PNC declares Q4 and annual results for 2025-26
May 26, 2026

Pritish Nandy Communications announced its Q4 and annual results after its board meeting on Tuesday May 26, 2026. Q4 results showed a total income of Rs 254.67 lakh compared to Rs 796 lakh in last year’sQ4.  The Company made a net loss (after tax) of Rs 208.15 lakh compared to a loss (after tax) of Rs 41.34 lakh in the previous Q4.

The year-end results showed a total income of Rs 3,830.99 lakh compared to Rs 3,424.99 lakh of last year. The Company made a net loss (after tax) of Rs 1,258.87 lakh as compared to a net loss (after tax) of Rs 97.14 lakh in the preceding year, which was mainly due to an exceptional item during the year.

Season 1 of the Company’s Netflix original series The Royals successfully premiered on May 9, 2025 globally. It remained in the global top 10 shows on Netflix as well as was #1 on India’s top 10 shows and was the first Indian series to trend in Netflix’s Global Top 10 Non-English TV Shows across 58 countries, marking a cultural moment for Indian content globally before being renewed for a second season.

Production of the second season of The Royals is currently under development and pre-production, scheduled to commence filming during the second quarter of this current financial year.

Also, Season 4 of the Company’s International Emmy-nominated Amazon Prime original series Four More Shots Please! successfully premiered on December 19,2025 globally. The much loved fourth season drew in past fans and new audience in equal measures from around the world, growing its fandom exponentially, with viewers celebrating its consistent success in championing unapologetic contemporary Indian women, female friendships and the city of Mumbai since its debut in 2019.

During the year, the Company entered into a licensing agreement with Shemaroo Entertainment Limited for the global broadcasting and streaming rights of 18 titles from its content library for 11 years.
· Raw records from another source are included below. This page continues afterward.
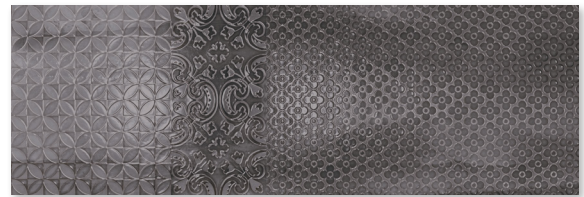

# AQUARELLE

White Body

WALL TILE REVESTIMIENTO / FAÏENCE

25 x 75 cm / 9,8" x 29,5"

Aquarelle Bone  
R.017

\* Murale Bone  
R.020

Aquarelle Turquesa  
R.017

\* Murale Turquesa  
R.020

Aquarelle Nero  
R.020

\* Murale Nero  
R.022

Lotus Brillo 0,5 x 75 cm  
R.318

SERIE  
**NINTU**

Nintu Perla  
31,6x31,6 cm.  
R.006

Nintu Nácar  
31,6x31,6 cm.  
R.006

Nintu Basalto  
31,6x31,6 cm.  
R.006

As a consequence of the said licensing agreement, the Management reassessed the carrying value of its content library, taking into account the expected future revenues from relevant titles as well as other titles forming part of the content library, and an external valuation report obtained. Based on such reassessment and in accordance with the Company’s accounting policy, the cost of the content of Rs 1,756.09 lakh has been written down. The resultant impact has been disclosed as an exceptional item in the financial results. The aforesaid exceptional item does not have any impact on the cash flows of the Company, and it does not have or make any continuing impact on the Company’s regular operations going forward.

 

The Company, during 2016, received an arbitration award in its favour against White Feather Films. Subsequently, the matter was amicably settled to bring finality to the prolonged litigation, and the Company entered into consent terms with White Feather Films, which were filed before the Hon’ble Bombay High Court. The Hon’ble Court accepted said consent terms and, vide its order dated April 21,2026, permitted White Feather Films to sell one of its properties for payment of the settlement amount of Rs 255 lakh to the Company. Pursuant to the said order, the Company received Rs 255 lakh, and the balance amount of Rs 62.54 lakh has been written off.

Work on new series and films continues in development and it is the Company’s endeavour to take at least two more productions on the floors, later this financial year.